La Sonata per due pianoforti in sol minore (in un movimento, senza titolo e indicazione di tempo) è un’opera giovanile di Mendelssohn, scritta all’età di soli undici anni, insieme a una sonata in re maggiore (in tre movimenti), sempre per due pianoforti. Alcuni storici sostengono che Mendelssohn, brillante pianista, abbia scritto questi due brani virtuosistici per se stesso e la sorella Fanny. Essendo con molta probabilità le prime composizioni conservate del giovane Felix, il manoscritto – nonostante numerosi evidenti errori di scrittura ed imprecisioni – fu gelosamente custodito dalla famiglia Mendelssohn.
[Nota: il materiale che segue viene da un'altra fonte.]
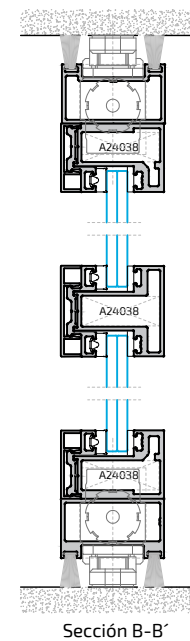

ALUGOM

Serie
NOVA

FIJO:

Especificaciones Técnicas:

- Profundidad de Marco..... 40 mm
- Frente visto de Marco..... 26,5 mm
- Profundidad de Travesaño..... 40 mm
- Frente visto de Travesaño..... 35 mm
- Acristamiento 6 - 10 mm

PRACTICABLE:

Especificaciones Técnicas:

- Profundidad de Marco..... 40 mm
- Frente visto de Marco..... 26,5 mm
- Profundidad de Travesaño..... 40 mm
- Frente visto de Travesaño..... 35 mm
- Profundidad de Hoja..... 40 mm
- Frente visto de Hoja..... 33,6mm
- Acristamiento 6 - 10 mm
- Peso máximo por hoja: 80 kg
- Medidas mínimas de hoja con cerradura: 750 mm
- Apertura interior y exterior

Posibilidad de aperturas:

Serie
NOVA

CORREDERA:

Especificaciones Técnicas:

- Profundidad de Marco..... 40 mm
- Frente visto de Marco..... 26,5 mm
- Profundidad de Travesaño..... 40 mm
- Frente visto de Travesaño..... 35 mm
- Profundidad de Hoja..... 40 mm
- Frente visto de Hoja..... 33,6mm
- Acristamiento 6 - 10 mm
- Peso máximo por hoja: 60 Kg

Posibilidad de aperturas:

PIVOTANTE:

Especificaciones Técnicas:

- Profundidad de Hoja..... 40 mm
- Frente visto de Hoja..... 26,5 mm
- Profundidad de Travesaño..... 40 mm
- Frente visto de Travesaño..... 35 mm
- Acristamiento 6 - 10 mm
- Peso máximo por hoja: 150 Kg

Le Canzoni senza parole (Lieder ohne Worte) sono tra le composizioni più conosciute ed eseguite di Mendelssohn. E’ meno conosciuto, però, che Mendelssohn stesso scrisse, parallelamente alla versione originale per pianoforte solo, anche una versione per pianoforte a quattro mani di alcune delle canzoni. La canzone in mi bemolle maggiore op. 67, 1 è senza dubbio tra le più belle, un tranquillo Andante cantabile che Mendelssohn dedicò alla Regina inglese Victoria con le seguenti parole: “Con il gentile permesso di Sua Altezza Reale ho arrangiato per Lei il quinto fascicolo delle Canzoni senza parole per pianoforte a quattro mani. Perciò oso di posare le suddette canzoni ai piedi di Sua Maestà e Sua Altezza Reale. […] Voglia Sua Altezza Reale suonare alcune di esse ogni tanto, considerandole come dimostrazione della mia più fervida gratitudine per la benevola accoglienza e le ore indimenticabili che Lei mi ha fatto voler godere anche durante la mia ripetuta permanenza la settimana scorsa!”